Мы прекрасно знаем, откуда все это происходит. В той общественной обстановке, в которой жил Шиллер, в Германии его эпохи, быть последовательным революционером было невозможно. Таких произведений не стали бы печатать и ставить на сцене. Такой человек несомненно погиб бы, и сколько-нибудь значительного отклика он бы не нашел.
Конечно, дело не обстояло просто так, что Шиллер волей-неволей должен был замалчивать свои до конца революционно-буржуазные идеи и подменять их своим фактически бездейственным идеализмом. Нет, Шиллер вовсе не был неискренним. Он вовсе не лгал. Так сказать, самый мозг его извращался под влиянием душной действительности, не позволявшей отрасти его революционным крыльям. Он как бы принудил себя верить в то, что его идеалистическое «высокопарное убожество» есть не только единственный исход, позволенный на этом свете, но, в общем, достаточный, утешительный.
Однако до конца убедить себя в этом поэт все-таки не мог. Печать глубокой печали все время лежала на его благородном облике, и он кончил свою жизнь в недоумении и почти жертвой горького пессимизма.
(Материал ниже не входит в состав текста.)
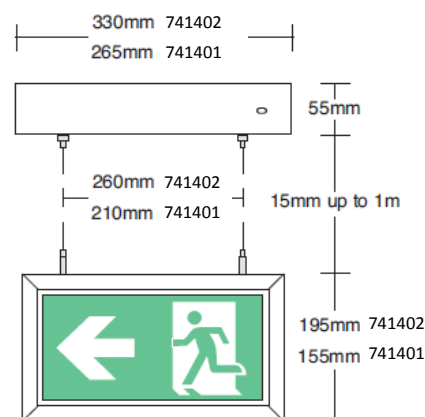

Enkelsidig skylt Vänster, Höger, Ned, Upp  
Dubbelsidig skylt Vänster/Höger

Monteras utanpåliggande tak eller vägg.

Lätt att själv byta piktogram.

Levereras med följande piktogram.

Pil vänster ISO  
Pil höger ISO  
Pil upp ISO

Pil vänster EN  
Pil höger EN  
Pil ned EN

Kan konfigureras som maintained,  
non-maintained eller switched maintained.

Art.nr	Beskrivning	Läsavstånd
741401	Vajerupphängning, justerbar 15mm - 1meter	25m
741402	Vajerupphängning, justerbar 15mm - 1meter	30m
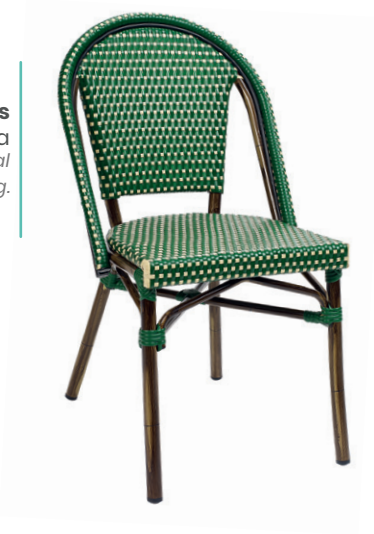

Silla París
Médula Verde y Crema
Aluminio pintado Deco Nogal
Peso: 3,85 kg.
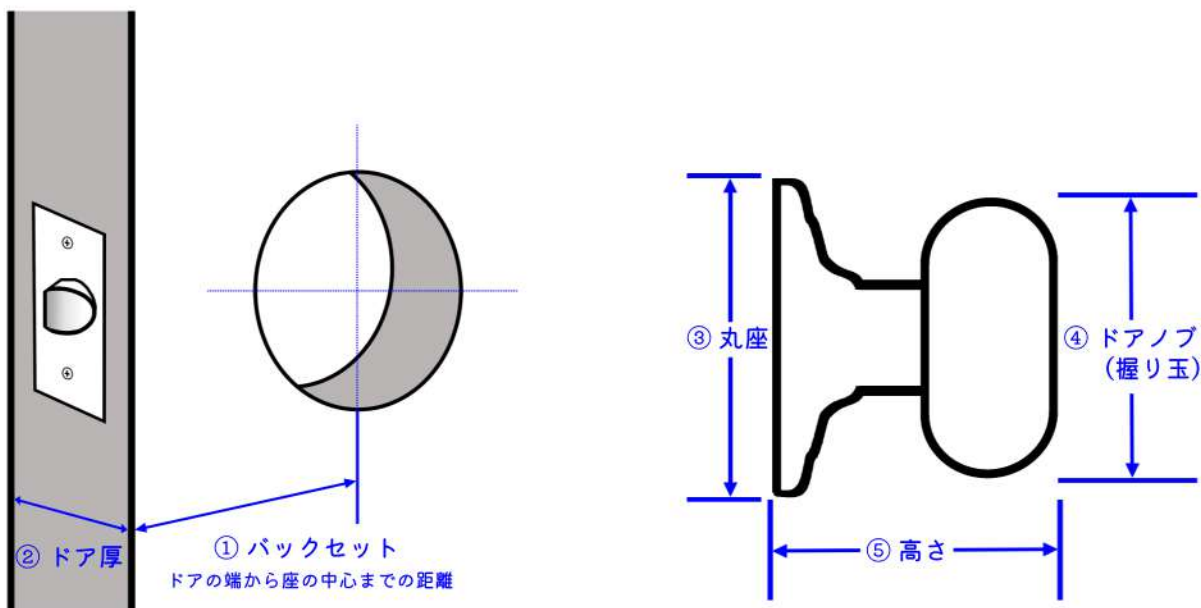

角座 棒カギ錠付
サテンブラス
【DN-6SBK】
9,900 円 (税込)

角座 棒カギ錠付
サテンニッケル
【DN-6SNK】
10,560 円 (税込)

	① バックセット	② ドア厚	③ 丸座寸法	④ 握り玉寸法		⑤ 高さ
EDN-1PCW EDN-1PCBK	60 mm	35~45 mm	56 mm	縦:65 mm	横:43 mm	58 mm
HDN-1PCW HDN-1PCBK HDN-1PCIV	60mm / 70mm	35~45 mm	65 mm	直径:65 mm		68 mm
EDN-1BB EDN-1AB EDN-1SS EDN-1MB EDN-2BB EDN-2AB EDN-2SS EDN-3BB EDN-3AB EDN-2MB EDN-3SS EDN-3MB	60mm / 70mm	35~45 mm	65 mm	縦:62 mm	横:46 mm	64 mm (サムターン含まず)
DN-1G DN-1AB DN-1RP DN-1RB DN-1IB DN-2G DN-2AB DN-2RB DN-2RP DN-2IB DN-3G DN-3AB DN-3RP DN-3RB DN-3IB DN-6PB DN-6SB DN-6SN	60mm / 70mm	35~45 mm	67 mm	直径:57 mm		57 mm (サムターン含まず)
DN-1AS DN-2AS DN-4SB DN-4BB	60 mm	35~45 mm	63 mm	直径:52 mm		53 mm
DN-1AS DN-2AS	60 mm	35~45 mm	67 mm	直径:51 mm		67 mm
DN-4SB DN-4BB	60 mm	35~45 mm	75 mm	直径:60 mm		90 mm
DN-5PBT-1 DN-5SNT DN-5PBT DN-5SBT		30~65 mm		直径:55 mm		
DN-5SNK DN-5PBK DN-5SBK	60 mm	30~45 mm	横:57 mm 縦:178 mm	直径:55 mm		45 mm
DN-6SNT DN-6PBT DN-6SBT		50~65 mm (芯棒加工で35mm~対応)		直径:57 mm		
DN-6SNK DN-6PBK DN-6SBK	60 mm	35~45 mm (芯棒加工で30mm~対応)	横:57 mm 縦:178 mm	直径:52 mm		53 mm

В этом гениальном человеке не смогший развернуться революционер оставался полупогребенным; от времени до времени он потрясал грудь Шиллера и примешивал свои крики и стоны к его стройной идеалистической музыке.
Вот почему Шиллер и шиллерщина не одно и то же.
Да, у Шиллера идейная сторона преобладает над богатством и мощью страстей. Но эта идейная сторона у Шиллера, даже признавая, что от времени до времени она была притуплена, притушена вышеуказанными причинами, была все же глубокой и высокой историко-политической мыслью, вследствие чего остаются до сих пор незабытыми и незабвенными «Разбойники», «Коварство и любовь», «Дон Карлос», «Вильгельм Телль» и «Валленштейн».
Да, у Шиллера копание в себе часто развертывается к глубокому ущербу действия, что вредно и с чисто театральной точки зрения. Но это не мешает тому, что отдельные такие монологи принадлежат к числу глубочайшего и прекраснейшего, что произвела поэзия в области монументальной психологии.
В «Лагере Валлешптейна» один солдат говорит про другого, который считал себя похожим на самого полководца:
Wie er räuspert und wie er spuckt — Das hat er ihm wirklich nachgeguckt, то есть «Как он отдувается и как плюется — это он действительно хорошо подглядел»14.
Почти таким же подражателем-попугаем, подражателем-обезьяной был бы современный драматург, который позаимствовал бы слабое в Шиллере и не сумел вычитать в нем самое важное — именно его часто блистательно увенчанное желание раскрыть в своей драме историческую сущность эпохи, современной Шиллеру пли казавшейся Шиллеру ценной для воспитания его класса.